Et c’est exactement ce que rectifie Raphael sur ce nouvel album : oser un ton inédit sous le ciel gris de la chanson française. Dédaignant le confort des habitudes, il renonce aux petites lâchetés et démissions d’une carrière pour se frotter aux mythes Bashung ou Christophe, chez qui le coup d’éclat est permanent et le risque pas forcément calculé. “La première chanson qui m’a marqué, gamin, c’est Ashes to Ashes de Bowie”, rappelle Raphael, qui aurait dû se souvenir plus tôt de cette obligation de révolution permanente. Il cite aussi Talk Talk parmi ses fascinations de jeunesse ; on évoque le suicide commercial de leur chanteur Mark Hollis : “J’ai envoyé Super-Welter à mes rares copains, ils ne me répondent pas, visiblement gênés… Le seul à m’avoir contacté utilise effectivement l’expression ‘suicide commercial’.”
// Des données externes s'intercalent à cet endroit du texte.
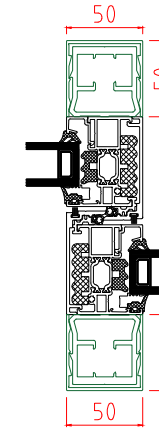

50mm Interlock
50 x 30mm Internally
|IXX: 113.00

50mm Interlock
50 x 30mm Internally & Externally
|IXX: 164.00

On parlera plutôt de rédemption, d’une écriture qui rompt avec les facilités, les exercices de style, le savoir-faire, les manières épuisantes – une écriture qui n’écoute plus la raison, qui a si longtemps cadenassé, engoncé ses albums. Plus de label, pas de contrat, pas de tournée : l’avenir est donc grand ouvert pour le chanteur en cette fin de cycle sans fond. “Le monde de la musique, c’est un timbreposte, j’aimerais vivre d’autres expériences. J’ai essayé d’écrire, j’étais fier de moi, j’avais gratté cent cinquante pages en un mois. Puis j’ai commencé à relire, éliminer : il me reste trois pages aujourd’hui… J’ai besoin de retrouver le vertige de la première fois. Une musique de film pour commencer, puis réalisateur peut-être… Mais j’ai dirigé un clip et ça m’a permis de comprendre que je n’étais pas Scorsese.”